-- PROBLEM TO WORK ON --
Copy every line from the one containing "LMPD-LEAF-HZLG-GLD-STD" through the last line of the records below, both included, and nothing else.

== SUPPLIED ENTRIES

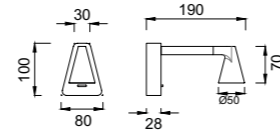

9412 Negro-Black
LED 5W-3000K-450lm
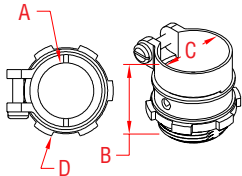

# STRAIGHT CONNECTOR

316 STAINLESS STEEL

ITEM	A	B	C	D	WT
	(size)				(lb)
S0852-0010	3/8"	0.99"	0.60"	0.75"	0.08
S0852-0013	1/2"	1.48"	0.95"	0.75"	0.11
S0852-0020	3/4"	1.59"	1.08"	1.00"	0.18
S0852-0025	1"	1.99"	1.35"	1.25"	0.28
S0852-0032	1-1/4"	2.05"	1.62"	1.50"	0.39
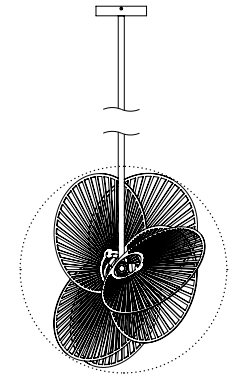

# MAYA 6 HORIZONTAL

LMPD-LEAF-HZLG-GLD-STD

Max 430mm

## DIMENSIONS

L1800mm x Ø Max 430mm

Drop height to be specified on order

====

-- WRITTEN RESPONSE --
LMPD-LEAF-HZLG-GLD-STD

Max 430mm

## DIMENSIONS

L1800mm x Ø Max 430mm

Drop height to be specified on order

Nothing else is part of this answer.